Background: The field of population genetics use the genetic composition of populations to study the effects of 
ecological and evolutionary factors, including selection, genetic drift, mating structure, and migration. Until recently, 
these studies were usually based upon the analysis of relatively few (typically 1 0-20) DNA markers on samples from 
multiple populations. In contrast, high-throughput sequencing provides large amounts of data and consequently very 
high resolution genetic information. Recent technological developments are rapidly making this a cost-effective 
alternative. In addition, sequencing allows both the direct study of genomic differences between population, and the 
discovery of single nucleotide polymorphism marker that can be subsequently used in high-throughput genotyping. 
Much of the analysis in population genetics was developed before large scale sequencing became feasible. Methods 
often do not take into account the characteristics of the different sequencing technologies, and consequently, may 
not always be well suited to this kind of data. 

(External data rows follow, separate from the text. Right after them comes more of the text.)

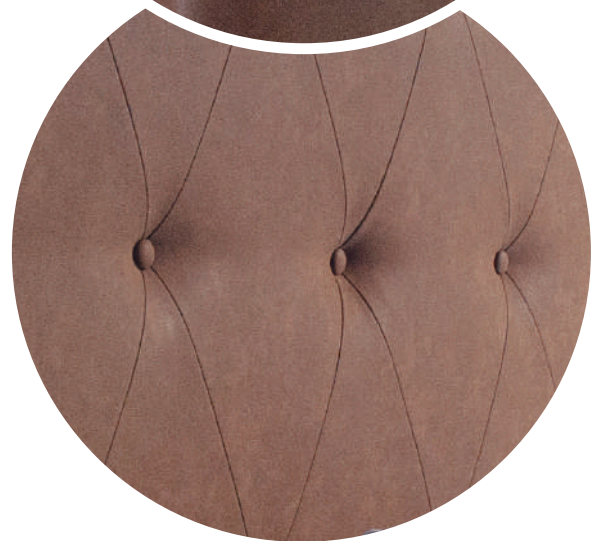

LARGURA **160cm** X ALTURA **120cm** X PROFUNDIDADE **8cm**

MATERIAIS E RECURSOS

Cabeceira estofada em pele sintética.

Compatível com camas de 120/140/160 cm.

Limpeza de pele sintética com um pano húmido. Não use produtos abrasivos.
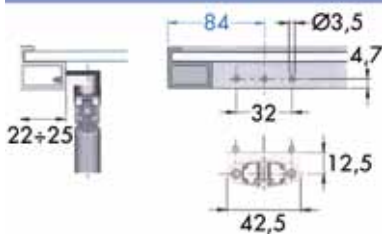

Bestelnr.	Afwerking	-	Verpakking
021967	vernikkeld	-	1
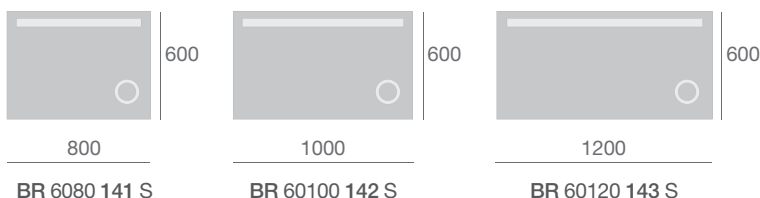

DORADO 3X

Specchi retroilluminati con LED
Backlit LED mirrors
Beleuchteter Spiegel mit LED

H 600 L 800 mm
H 600 L 1000 mm
H 600 L 1200 mm

- Specchio retro-illuminato e ambientale 360° a LED
- Spessore specchio 5 mm
- Specchio ingranditore retroilluminato 3X
- Interruttore touch illuminato con cambio colore
- Pellicola di sicurezza
- Funzione antiappannamento
- Temperatura colore DualWhite 4000 o 6000K
- 220V, CE, IP44
- Opzione Kit Bluetooth con cassa a vibrazione (Blue-Vibe System)

- Backlit and ambient light LED mirror
- 5mm mirror thickness
- Backlit 3X magnifying mirror
- Illuminated touch ON/OFF sensor and color change switch
- Safety film backing
- Defogger function
- DualWhite temperature color 4000 or 6000K
- 220V, CE, IP44
- Bluetooth with vibration speaker option (Blue-Vibe System)

- LED-Spiegel mit Hintergrund und Umgebungslicht
- Antibeschlagfunktion durch Spiegelheizung
- Stärke des Spiegels: 5mm
- Dreifach-Vergrößerungsspiegel mit Hintergrundbeleuchtung
- Sicherheit PVC-Folienträger
- Beleuchteter Ein- und Aus Sensor und Farbwechsel Schalter
- Duale Temperaturfarbe: 4000K oder 6000K
- 220V, CE, IP44
- Optional: Bluetooth Funksender mit Lautsprecher (Blue-Vibe System)

PLUS ESCLUSIVI_EXCLUSIVE ADVANTAGES_EXKLUSIVE VORTEILE

Results: Although the FlowSim suite of tools originally targeted simulation of de novo 454 genomics data, recent 
developments and enhancements makes it suitable also for simulating other kinds of data. We examine its application 
to population genomics, and provide examples and supplementary scripts and utilities to aid in this task. 

Conclusions: Simulation is an important tool to study and develop methods in many fields, and here we 
demonstrate how to simulate a high-throughput sequencing dataset for population genomics.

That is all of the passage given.